The following technical discussion is part of an occasional series showcasing the ISA Mentor Program, authored by Greg McMillan, industry consultant, author of numerous process control books, 2010 ISA Life Achievement Award recipient and retired Senior Fellow from Solutia Inc. (now Eastman Chemical). Greg will be posting questions and responses from the ISA Mentor Program, with contributions from program participants.
In the ISA Mentor Program, I am providing guidance for extremely talented individuals from Argentina, Brazil, Malaysia, Mexico, Saudi Arabia, and the USA. This question comes from Adrian Taylor.
Adrian Taylor is an industrial control systems engineer at Phillips 66.
One would expect dead time to be the easiest parameter to estimate, yet when using software tools that identify the process model in closed loop I find identification of dead time is inconsistent. Furthermore when using software identification tools on simulated processes where the exact dead time is actually known, I find on occasions the estimate of dead time is very inaccurate. What factors affect dead time identification for a PID loop?

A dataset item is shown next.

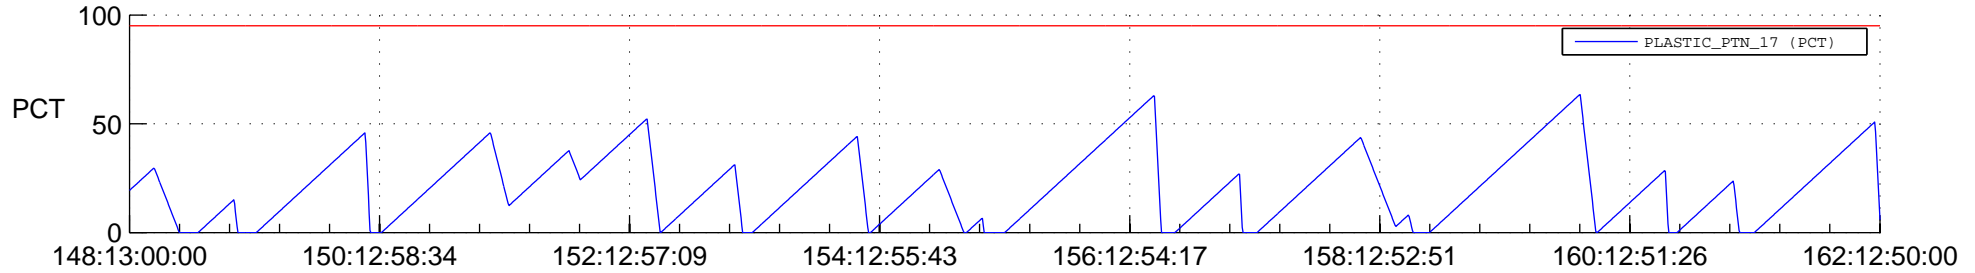

STEREO BEHIND SSR PCT Full Prediction

SWAVES_Percent_Full_Prediction

IMPACT_Percent_Full_Prediction

PLASTIC_Percent_Full_Prediction

Spacecraft_DownLink_Rate

When we identify dead time associated with tuning a PID loop, it is normally part of a model such as First Order Plus Dead Time (FOPDT), or a slightly more complicated Second Order model (SOPDT). Normally, and traditionally, we generate the data by step-testing (start at steady state, SS, and make a step-and-hold in the manipulated variable, MV, (the controller output), then observe the process-controlled variable, CV, response. We pretend that there were no uncontrolled disturbances, and make the simple linear model best fit the data. This procedure has served us well for 80 years, or so, that we’ve used models for tuning PID feedback controllers or setting up feedforward devices; but there are many issues that would lead to inconsistent or unexpected results.
One of the issues is that these models do not exactly match the process behavior. The process may be of higher order than the model. Consider a simple flow rate response. If the i/p device driving the valve has a first-order response, and the valve has a first-order response, and there is a noise filter on the measurement, then the flow rate measurement has a third-order response to the controller output. The distributed nature of heat exchangers and thermowells, and the multiple trays in distillation all lead to high order responses.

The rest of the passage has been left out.